Work task
This exercise calls for copying every line below that holds the word "PANEL".

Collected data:
☆ ☆ ☆ ☆ ☆

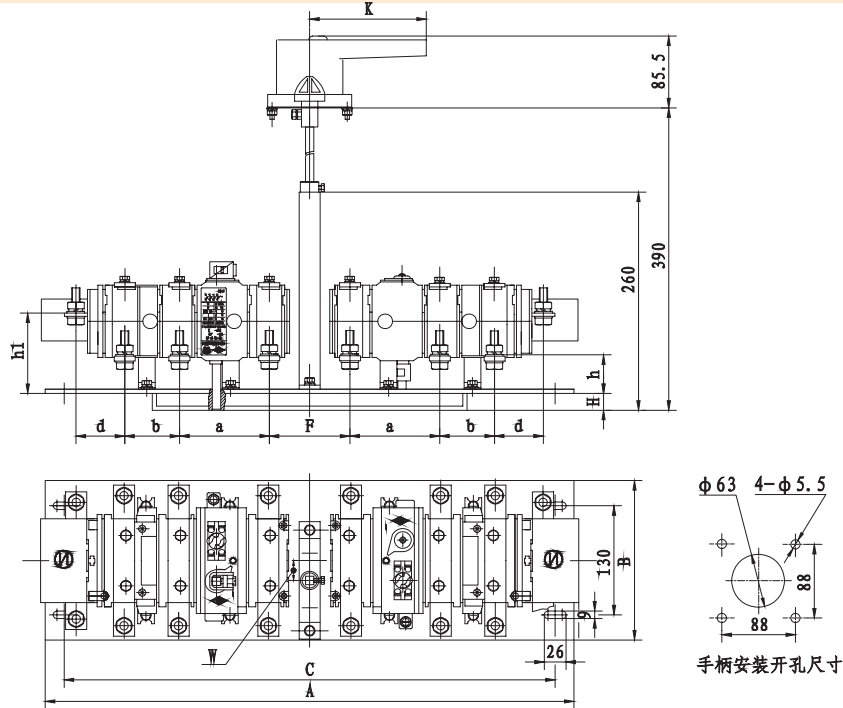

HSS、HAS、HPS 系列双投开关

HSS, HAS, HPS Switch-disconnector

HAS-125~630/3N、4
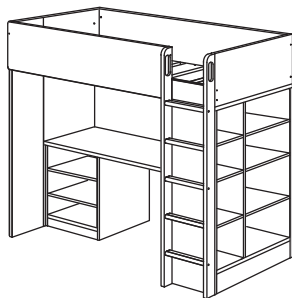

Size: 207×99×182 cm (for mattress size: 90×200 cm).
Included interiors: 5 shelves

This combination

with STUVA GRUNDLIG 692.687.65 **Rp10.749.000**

☆ ☆ ☆ ☆ ☆

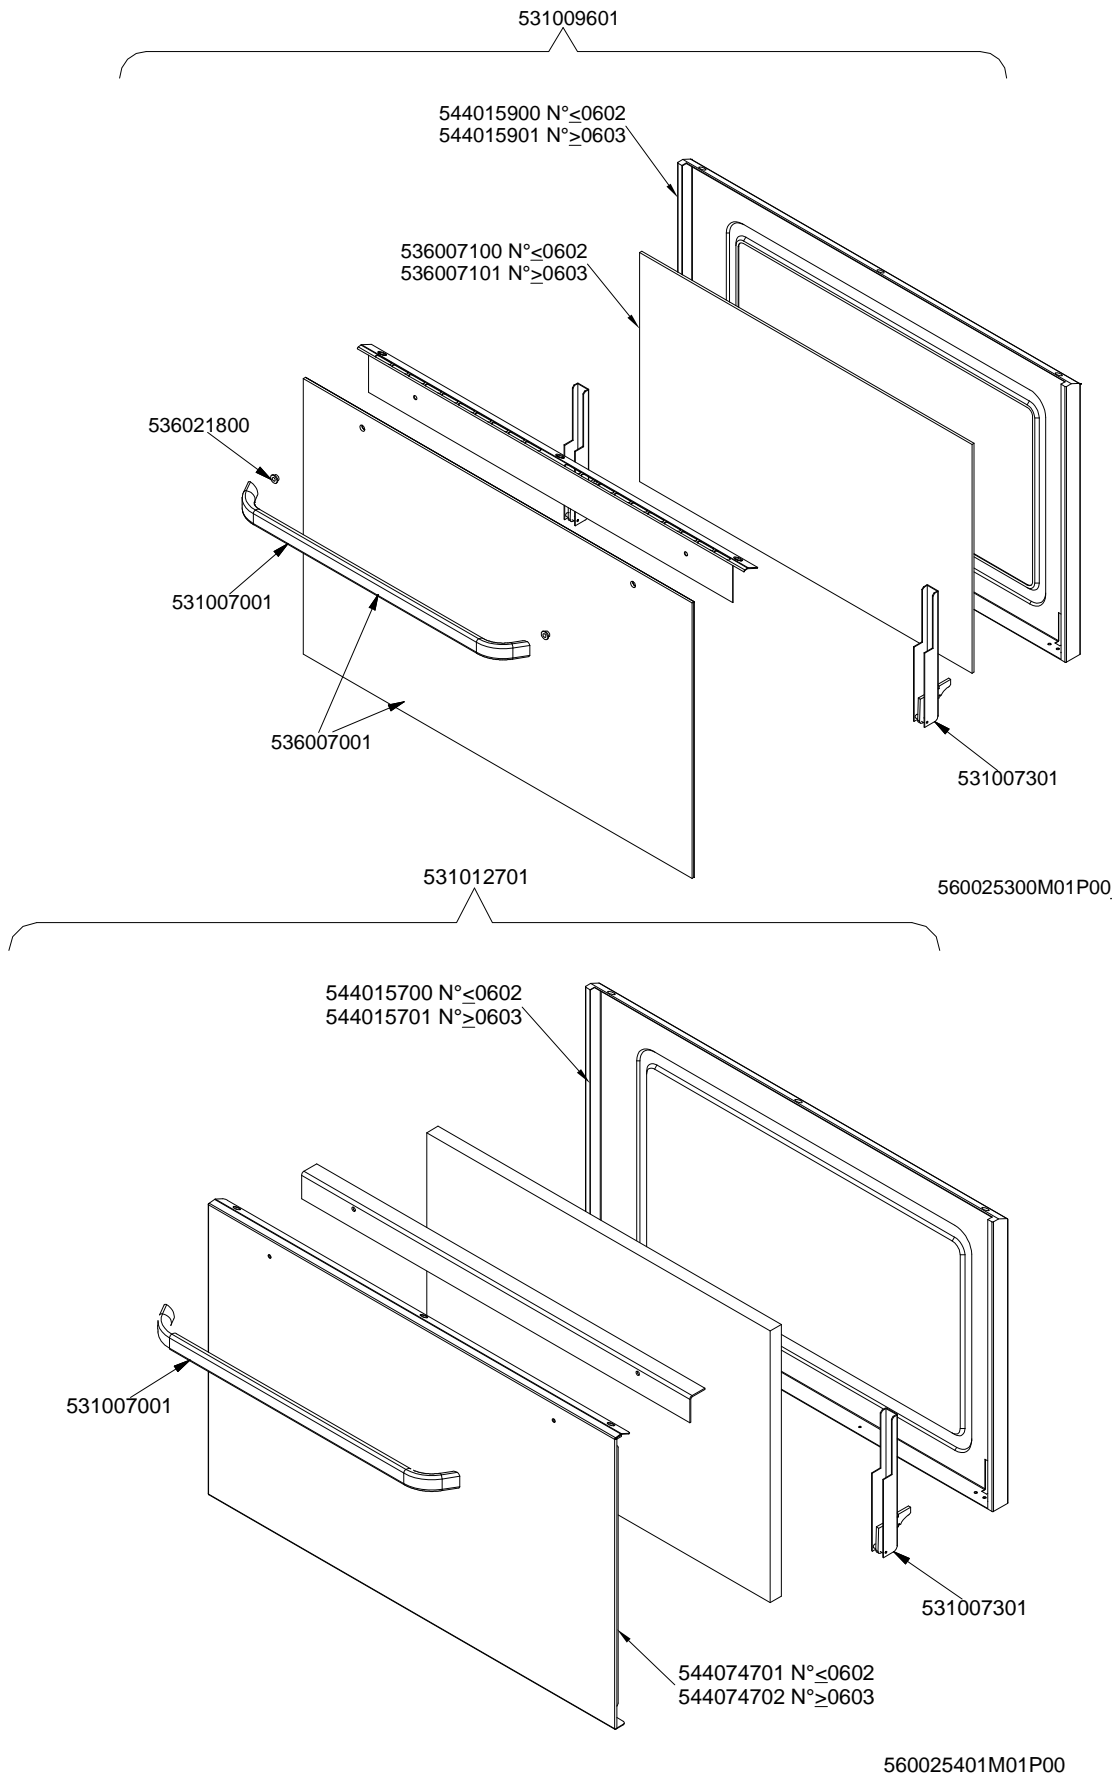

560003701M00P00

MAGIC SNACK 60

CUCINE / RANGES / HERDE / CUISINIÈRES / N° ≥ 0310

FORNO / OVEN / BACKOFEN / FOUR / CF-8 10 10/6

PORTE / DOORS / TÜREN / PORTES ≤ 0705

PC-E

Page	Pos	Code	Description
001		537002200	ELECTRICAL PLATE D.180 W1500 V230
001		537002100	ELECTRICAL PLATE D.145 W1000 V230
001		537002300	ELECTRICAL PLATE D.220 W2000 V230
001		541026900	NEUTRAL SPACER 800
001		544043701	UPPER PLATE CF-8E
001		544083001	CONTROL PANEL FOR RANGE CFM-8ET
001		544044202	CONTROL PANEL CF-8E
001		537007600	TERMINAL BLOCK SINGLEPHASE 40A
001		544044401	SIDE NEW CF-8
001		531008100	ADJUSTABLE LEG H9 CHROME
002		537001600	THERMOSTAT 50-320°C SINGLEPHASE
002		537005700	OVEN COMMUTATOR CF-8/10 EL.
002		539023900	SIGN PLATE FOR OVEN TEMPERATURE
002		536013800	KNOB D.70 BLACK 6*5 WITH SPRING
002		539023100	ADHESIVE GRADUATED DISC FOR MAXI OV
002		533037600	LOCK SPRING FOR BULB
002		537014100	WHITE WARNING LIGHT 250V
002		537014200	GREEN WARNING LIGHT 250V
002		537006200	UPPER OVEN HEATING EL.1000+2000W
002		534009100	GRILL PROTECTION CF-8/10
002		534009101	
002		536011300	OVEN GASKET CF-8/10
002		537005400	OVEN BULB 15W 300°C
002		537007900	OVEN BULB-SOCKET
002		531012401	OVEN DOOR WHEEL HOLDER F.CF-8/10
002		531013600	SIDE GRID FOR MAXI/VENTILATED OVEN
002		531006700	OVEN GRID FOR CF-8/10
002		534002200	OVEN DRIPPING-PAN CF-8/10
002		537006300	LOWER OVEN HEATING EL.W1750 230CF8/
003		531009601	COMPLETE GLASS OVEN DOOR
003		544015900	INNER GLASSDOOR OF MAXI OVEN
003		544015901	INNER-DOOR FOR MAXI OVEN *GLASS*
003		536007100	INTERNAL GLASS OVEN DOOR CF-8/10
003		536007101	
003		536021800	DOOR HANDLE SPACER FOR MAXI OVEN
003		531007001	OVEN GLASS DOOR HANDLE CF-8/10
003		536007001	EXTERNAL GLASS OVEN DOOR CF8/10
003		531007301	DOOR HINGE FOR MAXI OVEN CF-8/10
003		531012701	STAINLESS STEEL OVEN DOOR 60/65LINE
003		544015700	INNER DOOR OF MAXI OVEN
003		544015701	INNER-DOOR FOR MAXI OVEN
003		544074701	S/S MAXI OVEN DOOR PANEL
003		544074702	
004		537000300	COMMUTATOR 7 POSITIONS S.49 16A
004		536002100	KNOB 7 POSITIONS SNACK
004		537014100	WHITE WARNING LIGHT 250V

☆ ☆ ☆ ☆ ☆

Your response
001		544083001	CONTROL PANEL FOR RANGE CFM-8ET
001		544044202	CONTROL PANEL CF-8E
003		544074701	S/S MAXI OVEN DOOR PANEL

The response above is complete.